Nairy Baghramian


Nairy Baghramian is an Iranian-born German visual artist of Armenian ethnicity. Since 1984, she has lived and worked in Berlin. Using an extensive repertoire of techniques, materials, and forms, Baghramian’s site-responsive sculptures and installations explore the relationship between architecture, objects, and the human figure.
When the Solomon R. Guggenheim Museum selected Baghramian as a finalist for the 2020 Hugo Boss Prize, they described Baghramian’s practice as: "... the workings of the body, gender, and public and private space."

Early life and education

Baghramian was born in 1971, in Isfahan, Iran, the youngest child in an Armenian Iranian family. She and her mother flew to East Berlin in 1984, when she was 13, and later reunited in West Berlin with their family. She attended Berlin University of the Arts.
In addition to her artistic practice, Baghramian worked at the women’s shelter that her sister Louise co-founded.

Work

Baghramian creates sculptural installations that reimagine the workings of the body and its connection to the spaces it inhabits. Inspired by dance classes she took as a child, Baghramian recalls her teacher speaking of the need to break down human movement into discrete elements. Her work depicts abstract forms of bodies or body parts, often contemplating the brokenness or "prosthetic" relationship between the body and its environment. Through a wide range of materials and techniques, Baghramian challenges traditional sculptural conventions, creating works that defy definitions and reveal new perspectives.
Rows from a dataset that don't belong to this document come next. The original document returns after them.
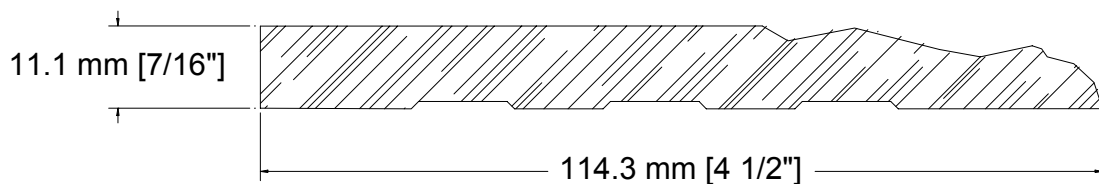

# Détails techniques

**K110221**

**USINE ET SIÈGE SOCIAL**

3150, Chemin Royal, Notre-Dame des Pins  
Beauce (Québec) G0M 1K0  
Tél. : (418) 774-3324 · Fax : (418) 774-5530  
Site web : [www.mdpsins.qc.ca](http://www.mdpsins.qc.ca)

A process of listening to and questioning materials is critical to her practice. “I have a very classical way of working, a traditional way of thinking of materials,” she says. “To get the sense of the politics of the material and the shapes, I have to understand it.”
For the Berlin Biennial, she collaborated with ninety-eight-year-old designer Janette Laverrière to create a set for her furniture design.
In 2017, Baghramian's exhibition, Déformation Professionnelle, was on display in the Stedelijk Museum voor Actuele Kunst. This exhibition is the culmination of the artist's 18 sets of works from 1999 to 2016. Déformation Professionnelle exhibits the artist's oeuvre while alluding to existing works in her field. Through a site-responsive approach that incorporates sculptural elements and photography, she challenges conventional perspectives on the connection between human body gestures and their functions.
In 2019, Baghramian took part in Performa 19, collaborating with the artist Maria Hassabi. Inspired by the portraits taken by Carlo Mollino in the 1960s, they created Entre Deux Actes .
Between 2020 and 2021, Baghramian’s work was displayed in Ground/work at the Clark Art Institute. Creating Knee and Elbow, Baghramian was inspired by movement in the body.

Recognition

In 2021, Baghramian received the 2022 Nasher Prize presented by the Nasher Sculpture Center in Dallas. She was later a member of the juries that selected Senga Nengudi, Otobong Nkanga and Petrit Halilaj for the Nasher Prize.

Exhibitions

Awards

Personal life

Baghramian has been in a relationship with art dealer Michel Ziegler.